### WHAT THE TASK ASKS
Leave the pictures out and write out the rest of the listing word for word.

______

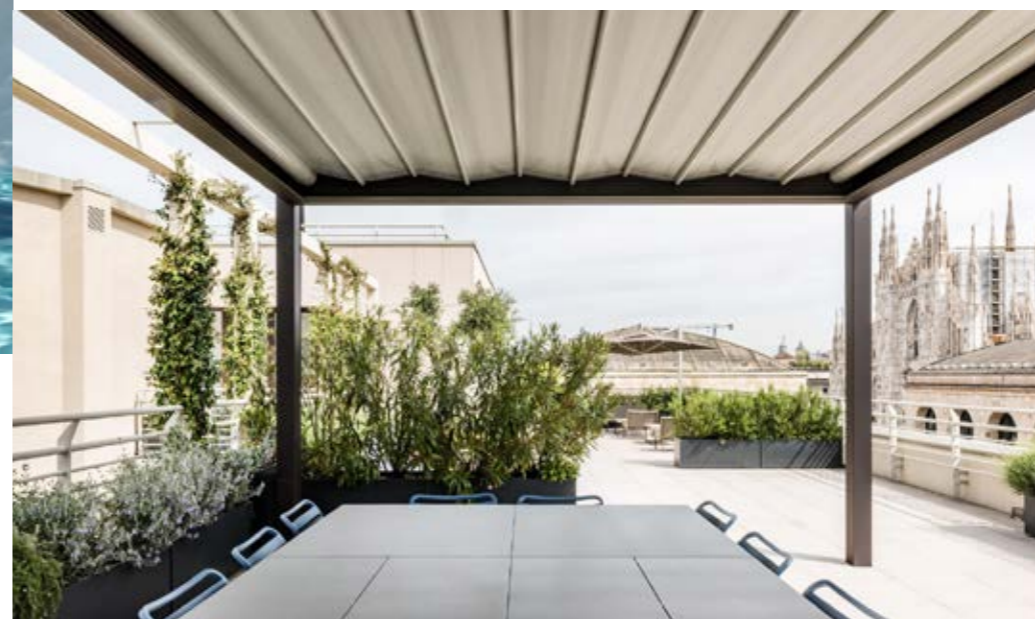

_____ solutions to
create
your
outdoor space
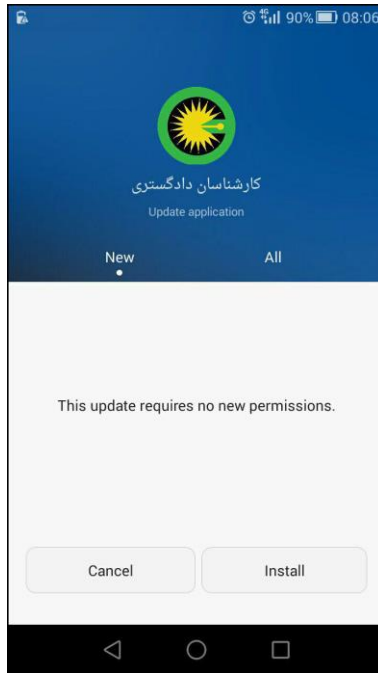

با انتخاب گزینه Install مراحل نصب شروع می گردد.

سپس با انتخاب گزینه Open نرم افزار باز می گردد و قابل استفاده می باشد و با انتخاب Done نرم افزار نصب شده بسته می شود تا در در زمان مورد نیاز از طریق آیکون ایجاد شده در میزکار گوشی قابلیت استفاده فراهم گردد.

نکته : جهت نصب نرم افزار وجود اینترنت بر روی گوشی الزامی می باشد .

نکته : نرم افزار در زمان اجرا ، در صورتی که نسخه جدید ارائه گردیده باشد به صورت خودکار ارتقا می یابد و نیازی به بروزرسانی دستی وجود ندارد.
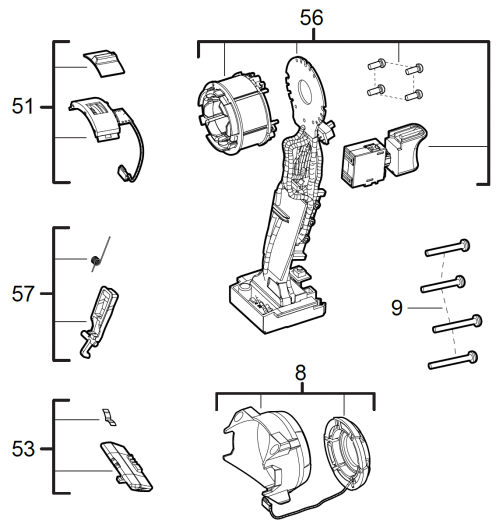

BSS18OP-0 Schlagschrauber XXX

4935451631 - BSS18OP-0 - 4000474410

Position	Quantity	Description	Part number	EAN
0001 1	1	HAKEN	4931454128	4002395284214
0002 2	1	SCHRAUBE	4931454115	4002395290482
0008 3	1	LAMPE	4931454182	4002395284368
0009 4	4	SCHRAUBE	4931454183	4002395284375
0031 5	1	BIT-HALTER	Item discontinued(4931454113)	
0038 6	1	LEISTUNGSSCHILD	4931472382	4058546326845
0039 7	11	SCHRAUBE	660031029	4002395855773
0050 8	1	GEHAEUSE	Item discontinued(4931454185)	
0051 9	1	UMSCHALTHEBEL	Item discontinued(4931454186)	
0053 10	1	DRUECKER	Item discontinued(4931454187)	
0054 11	1	GETRIEBE-SET	4931454188	4002395285020
0055 12	1	ANKER F.ELEKTROMOTOR	4931454189	4002395285037
0056 13	1	SCHALTELEKTRONIK	4931454190	4002395285044
0057 14	1	SCHALTERDRUECKER	4931454191	4002395285051
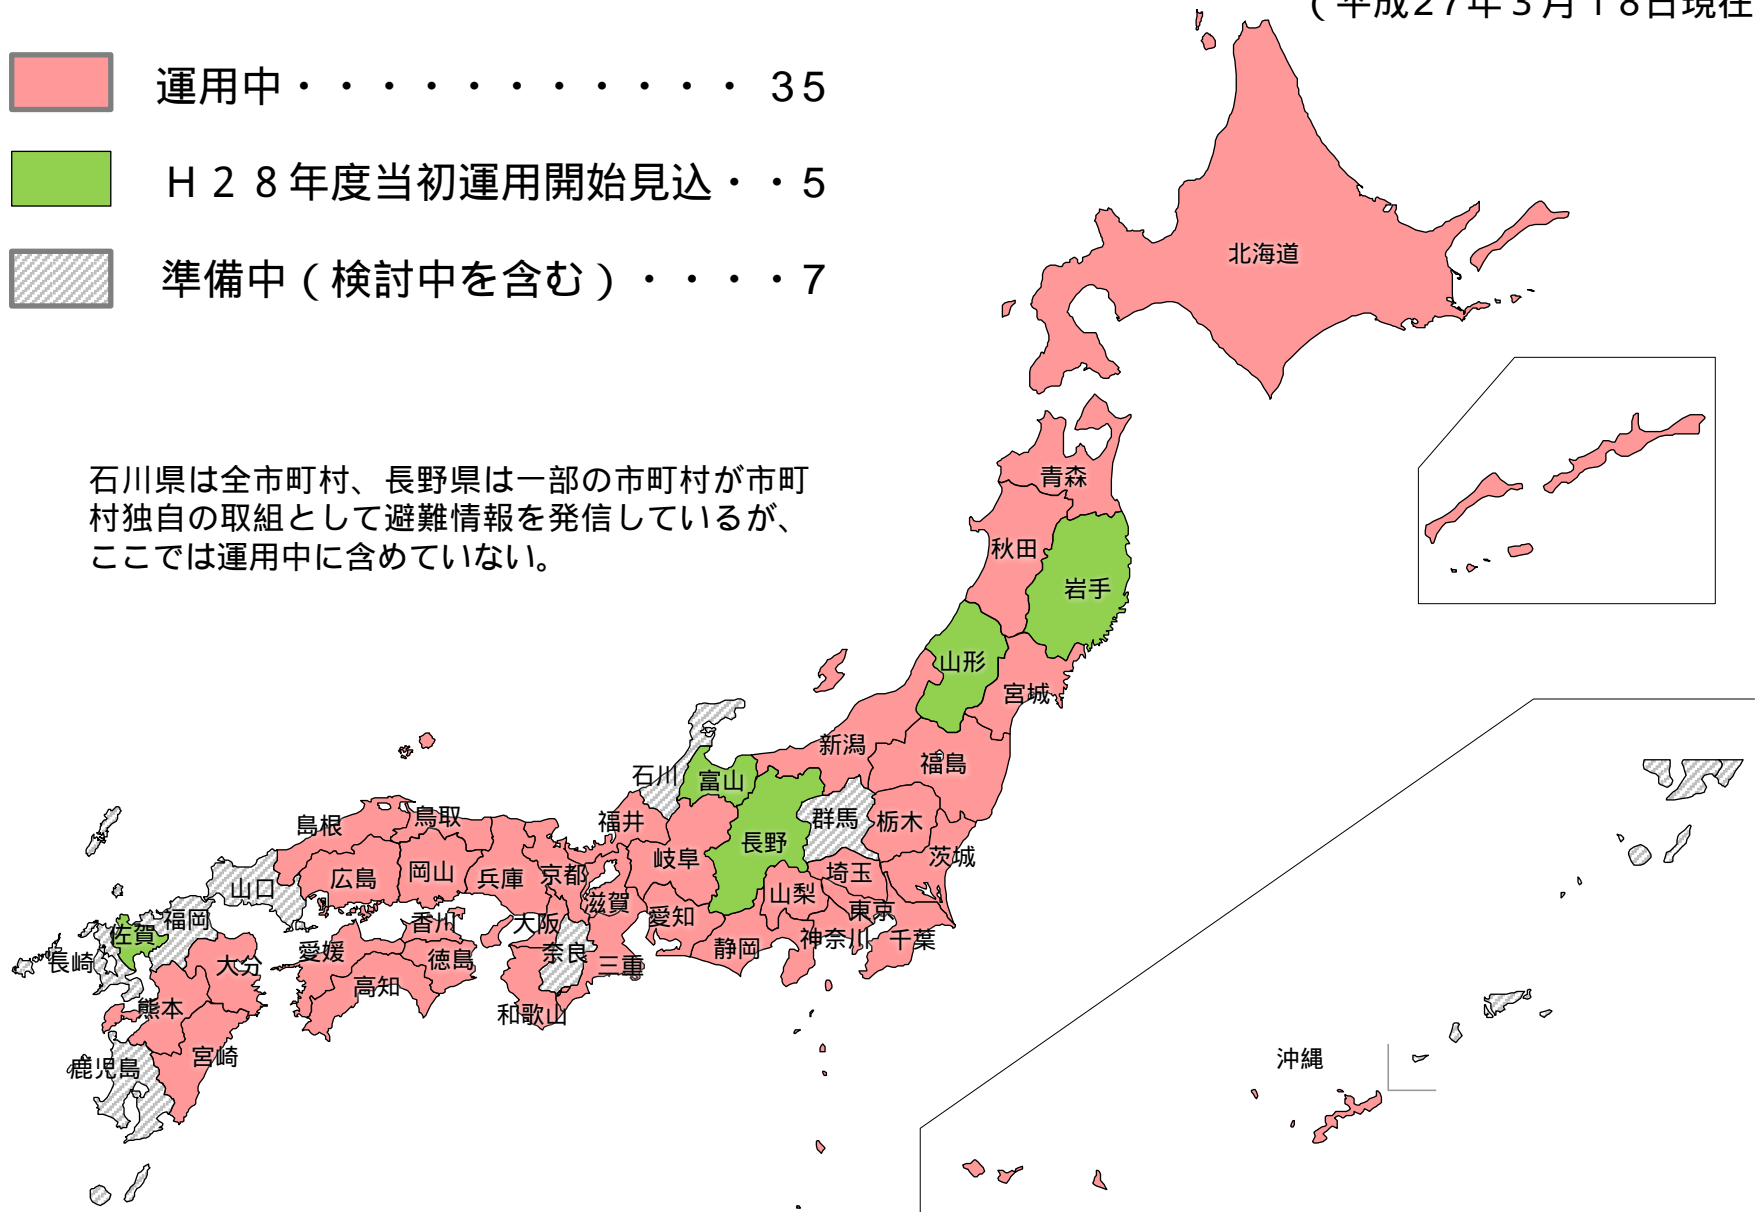

加入団体リストは、<http://www.fmmc.or.jp/commons/service/>よりダウンロード可能

非公開

申込処理中に付き、Lアラート運営諮問委員会委員限り

都道府県別の避難情報の発信状況

資料 2

(平成27年3月18日現在)

-  運用中・・・・・・・・・・・・・・ 35
-  H 2 8 年度当初運用開始見込・・ 5
-  準備中（検討中を含む）・・・・・・ 7

石川県は全市町村、長野県は一部の市町村が市町村独自の取組として避難情報を発信しているが、ここでは運用中に含めていない。

情報発信者（自治体）数の推移

平成28年3月1日現在

- サービス利用者のうち、情報発信者（自治体）の運用状況の推移を示す。
- 本番運用を行っているのは35都道府県で、当該都道府県内の市町村の合計数は1,345

流通している主な本番情報

平成28年3月1日現在
(赤字：26年度以降に運用開始)

発信者	情報種別											備考	
	避難勧告・指示	避難所情報	一時滞在施設情報	災害対策本部設置	被害情報	お知らせ	イベント情報	水位周知河川	河川水位情報	雨量情報	潮位情報		緊急速報メール
北海道/全市町村													
青森県/全市町村													コモンズエディタで発信。
宮城県/全市町村													イベント情報及びお知らせで防災関連の情報を発信する市町村がある。
秋田県/全市町村													
福島県/全市町村													災害対策本部は、県が設置した場合のみ配信。 楢葉町、大熊町が独自に生活情報を発信。
茨城県/全市町村													お知らせは一部の市町村が発信。
栃木県/全市町													「お知らせ」は、被害情報のみ発信。
埼玉県/全市町村													
千葉県/全市町村													
東京都/全区市町村													
神奈川県/全市町村													川崎市、相模原市、藤沢市は独自システム、その他の市町村はコモンズエディタで発信。
神奈川県 川崎市													光化学スモッグに関する情報を「お知らせ」で発信。
神奈川県 相模原市													
神奈川県 藤沢市													緊急速報メールの配信成功情報のみコモンズへ発信。
新潟県/全市町村													新潟市は、避難勧告・指示情報を市独自システムより発信。
新潟市													「イベント情報」では、防災関連の情報を発信。
長岡市													長岡市雨量観測システムによる“警報雨量通知情報”等を「イベント情報」として発信。
福井県/全市町													「お知らせ」は防災情報に限定して発信。
山梨県/全市町村													
長野県													河川水位、雨量情報のみを発信。
岐阜県/全市町村													
静岡県/全市町													
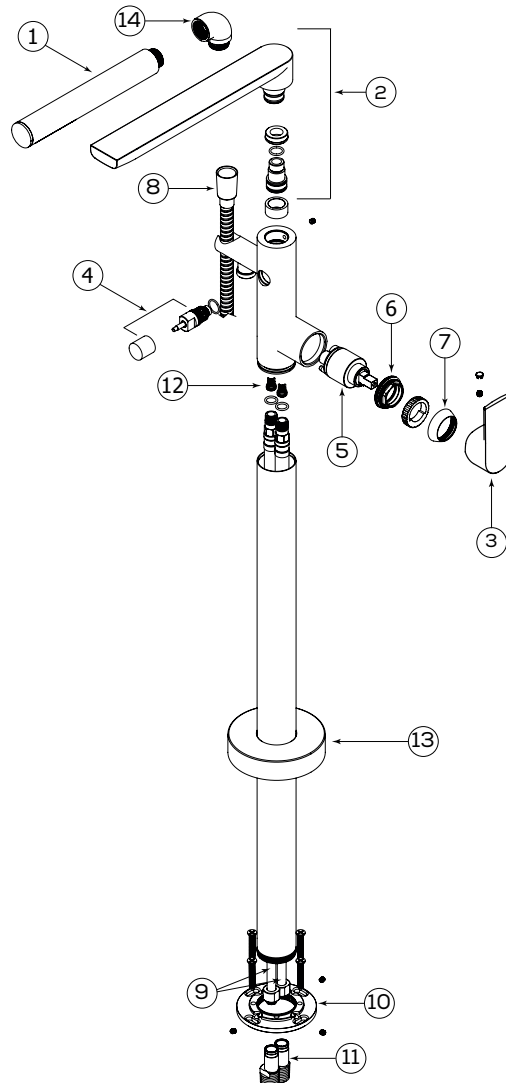

## Service Parts / Schéma des pièces

Item	Code	English	Français
1	ABHS15554	Handshower	Douchette
2	ABFC15846	Spout	Bec
3	ABFC15474	Handle	Poignée
4	ABFC18081	Diverter	Déviateur
5	ABCA84099	Cartridge	Cartouche
6	ABFP18083	Large nut	Écrou large
7	ABFC18084	Dome cap	Capuchon en dôme
8	ABFH18090	Handshower hose	Flexible douchette

Item	Code	English	Français
9	ABFH84984	Flexible hoses hot and cold	Flexible d'eau chaude et froide
10	ABFC18087	Base	Base
11	ABFP84959	Asymmetrical hose adaptor	Adaptateur asymétrique pour flexibles
12	ABFP70006	Check stops valves	Clapet anti-retour
13	ABFP18087	Base flange cover	Couvercle de la bride de base
14	ABFC15556	Handshower elbow	Coude de douchette
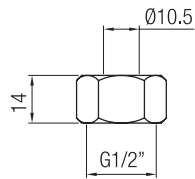

Calotta cromata 1/2" h.14
foro Ø 10,5.
1/2" chrome plated nut h.14
hole Ø 10,5.

Finitura Finish	Codice Code	Prezzo Price
Cromo Chrome	272	€ 1,80

Confezione
Package
n° pz 200

Imballo
Packing
14x6x6 cm
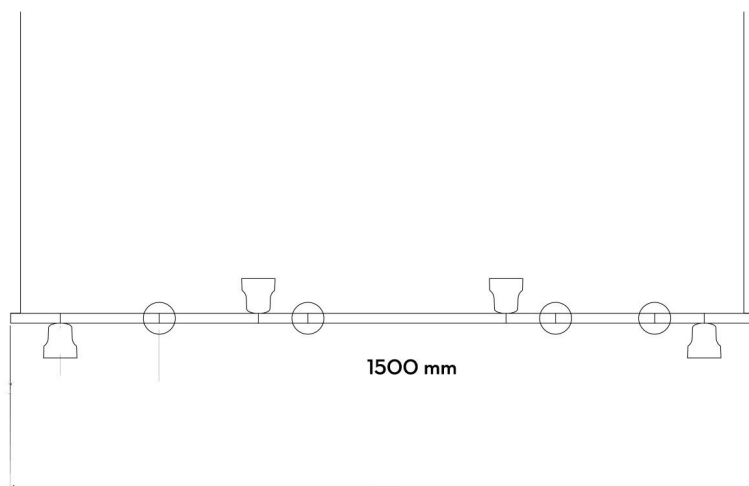

BULB

SOSPENSIONE BARRA ORIZZONTALE

DESCRIZIONE: Sospensione in alluminio, attacco E27/GU10

DESCRIPTION: Aluminium suspension lamp, with E27/GU10

DIMENSIONI:

DIMENSIONS:

FINITURE: Bianco, nero, giallo, blu, verde, grigio

SOSPENSIONE BARRA VERTICALE

DESCRIZIONE: Sospensione in alluminio, attacco E27/GU10.

DESCRIPTION: Aluminium suspension lamp,

DIMENSIONI: E27/GU10

DIMENSIONS:

FINITURE: Bianco, nero, giallo, blu, verde, grigio

SOSPENSIONE

DESCRIZIONE: Sospensione in alluminio, attacco E27/GU10, lampadina inclusa.

DESCRIPTION: Aluminium suspension lamp, with E27/GU10 bulb included

DIMENSIONI:

DIMENSIONS:

FINITURE: Bianco, nero, giallo, blu, verde, grigio

PARETE/SOFFITTO

DESCRIZIONE: Lampada da parete/soffitto in alluminio, attacco E27/GU10, lampadina inclusa.

DESCRIPTION: Aluminium wall/suspension lamp, with E27/GU10 bulb included

DIMENSIONI:

DIMENSIONS:

FINITURE: Bianco, nero, giallo, blu, verde, grigio
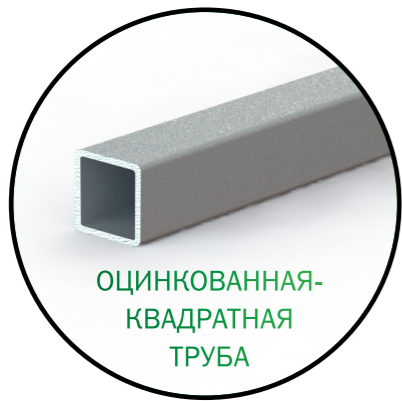

ТЕПЛИЦА БЕТТА

Покупатель может увеличить прочность теплицы докупив комплект усиления уменьшив расстояние между дугами до 68 см или до 51 см, а так же поставив телескопические опоры на зимний период. Комплект уплотнителя и телескопическая подпорка приобретается отдельно.

______

### OUTPUT
_____ solutions to
create
your
outdoor space

با انتخاب گزینه Install مراحل نصب شروع می گردد.

سپس با انتخاب گزینه Open نرم افزار باز می گردد و قابل استفاده می باشد و با انتخاب Done نرم افزار نصب شده بسته می شود تا در در زمان مورد نیاز از طریق آیکون ایجاد شده در میزکار گوشی قابلیت استفاده فراهم گردد.

نکته : جهت نصب نرم افزار وجود اینترنت بر روی گوشی الزامی می باشد .

نکته : نرم افزار در زمان اجرا ، در صورتی که نسخه جدید ارائه گردیده باشد به صورت خودکار ارتقا می یابد و نیازی به بروزرسانی دستی وجود ندارد.

BSS18OP-0 Schlagschrauber XXX

4935451631 - BSS18OP-0 - 4000474410

Position	Quantity	Description	Part number	EAN
0001 1	1	HAKEN	4931454128	4002395284214
0002 2	1	SCHRAUBE	4931454115	4002395290482
0008 3	1	LAMPE	4931454182	4002395284368
0009 4	4	SCHRAUBE	4931454183	4002395284375
0031 5	1	BIT-HALTER	Item discontinued(4931454113)	
0038 6	1	LEISTUNGSSCHILD	4931472382	4058546326845
0039 7	11	SCHRAUBE	660031029	4002395855773
0050 8	1	GEHAEUSE	Item discontinued(4931454185)	
0051 9	1	UMSCHALTHEBEL	Item discontinued(4931454186)	
0053 10	1	DRUECKER	Item discontinued(4931454187)	
0054 11	1	GETRIEBE-SET	4931454188	4002395285020
0055 12	1	ANKER F.ELEKTROMOTOR	4931454189	4002395285037
0056 13	1	SCHALTELEKTRONIK	4931454190	4002395285044
0057 14	1	SCHALTERDRUECKER	4931454191	4002395285051

加入団体リストは、<http://www.fmmc.or.jp/commons/service/>よりダウンロード可能

非公開

申込処理中に付き、Lアラート運営諮問委員会委員限り

都道府県別の避難情報の発信状況

資料 2

(平成27年3月18日現在)

-  運用中・・・・・・・・・・・・・・ 35
-  H 2 8 年度当初運用開始見込・・ 5
-  準備中（検討中を含む）・・・・・・ 7

石川県は全市町村、長野県は一部の市町村が市町村独自の取組として避難情報を発信しているが、ここでは運用中に含めていない。

情報発信者（自治体）数の推移

平成28年3月1日現在

- サービス利用者のうち、情報発信者（自治体）の運用状況の推移を示す。
- 本番運用を行っているのは35都道府県で、当該都道府県内の市町村の合計数は1,345

流通している主な本番情報

平成28年3月1日現在
(赤字：26年度以降に運用開始)

発信者	情報種別											備考	
	避難勧告・指示	避難所情報	一時滞在施設情報	災害対策本部設置	被害情報	お知らせ	イベント情報	水位周知河川	河川水位情報	雨量情報	潮位情報		緊急速報メール
北海道/全市町村													
青森県/全市町村													コモンズエディタで発信。
宮城県/全市町村													イベント情報及びお知らせで防災関連の情報を発信する市町村がある。
秋田県/全市町村													
福島県/全市町村													災害対策本部は、県が設置した場合のみ配信。 楢葉町、大熊町が独自に生活情報を発信。
茨城県/全市町村													お知らせは一部の市町村が発信。
栃木県/全市町													「お知らせ」は、被害情報のみ発信。
埼玉県/全市町村													
千葉県/全市町村													
東京都/全区市町村													
神奈川県/全市町村													川崎市、相模原市、藤沢市は独自システム、その他の市町村はコモンズエディタで発信。
神奈川県 川崎市													光化学スモッグに関する情報を「お知らせ」で発信。
神奈川県 相模原市													
神奈川県 藤沢市													緊急速報メールの配信成功情報のみコモンズへ発信。
新潟県/全市町村													新潟市は、避難勧告・指示情報を市独自システムより発信。
新潟市													「イベント情報」では、防災関連の情報を発信。
長岡市													長岡市雨量観測システムによる“警報雨量通知情報”等を「イベント情報」として発信。
福井県/全市町													「お知らせ」は防災情報に限定して発信。
山梨県/全市町村													
長野県													河川水位、雨量情報のみを発信。
岐阜県/全市町村													
静岡県/全市町													

## Service Parts / Schéma des pièces

Item	Code	English	Français
1	ABHS15554	Handshower	Douchette
2	ABFC15846	Spout	Bec
3	ABFC15474	Handle	Poignée
4	ABFC18081	Diverter	Déviateur
5	ABCA84099	Cartridge	Cartouche
6	ABFP18083	Large nut	Écrou large
7	ABFC18084	Dome cap	Capuchon en dôme
8	ABFH18090	Handshower hose	Flexible douchette

Item	Code	English	Français
9	ABFH84984	Flexible hoses hot and cold	Flexible d'eau chaude et froide
10	ABFC18087	Base	Base
11	ABFP84959	Asymmetrical hose adaptor	Adaptateur asymétrique pour flexibles
12	ABFP70006	Check stops valves	Clapet anti-retour
13	ABFP18087	Base flange cover	Couvercle de la bride de base
14	ABFC15556	Handshower elbow	Coude de douchette

Calotta cromata 1/2" h.14
foro Ø 10,5.
1/2" chrome plated nut h.14
hole Ø 10,5.

Finitura Finish	Codice Code	Prezzo Price
Cromo Chrome	272	€ 1,80

Confezione
Package
n° pz 200

Imballo
Packing
14x6x6 cm

BULB

SOSPENSIONE BARRA ORIZZONTALE

DESCRIZIONE: Sospensione in alluminio, attacco E27/GU10

DESCRIPTION: Aluminium suspension lamp, with E27/GU10

DIMENSIONI:

DIMENSIONS:

FINITURE: Bianco, nero, giallo, blu, verde, grigio

SOSPENSIONE BARRA VERTICALE

DESCRIZIONE: Sospensione in alluminio, attacco E27/GU10.

DESCRIPTION: Aluminium suspension lamp,

DIMENSIONI: E27/GU10

DIMENSIONS:

FINITURE: Bianco, nero, giallo, blu, verde, grigio

SOSPENSIONE

DESCRIZIONE: Sospensione in alluminio, attacco E27/GU10, lampadina inclusa.

DESCRIPTION: Aluminium suspension lamp, with E27/GU10 bulb included

DIMENSIONI:

DIMENSIONS:

FINITURE: Bianco, nero, giallo, blu, verde, grigio

PARETE/SOFFITTO

DESCRIZIONE: Lampada da parete/soffitto in alluminio, attacco E27/GU10, lampadina inclusa.

DESCRIPTION: Aluminium wall/suspension lamp, with E27/GU10 bulb included

DIMENSIONI:

DIMENSIONS:

FINITURE: Bianco, nero, giallo, blu, verde, grigio

ТЕПЛИЦА БЕТТА

Покупатель может увеличить прочность теплицы докупив комплект усиления уменьшив расстояние между дугами до 68 см или до 51 см, а так же поставив телескопические опоры на зимний период. Комплект уплотнителя и телескопическая подпорка приобретается отдельно.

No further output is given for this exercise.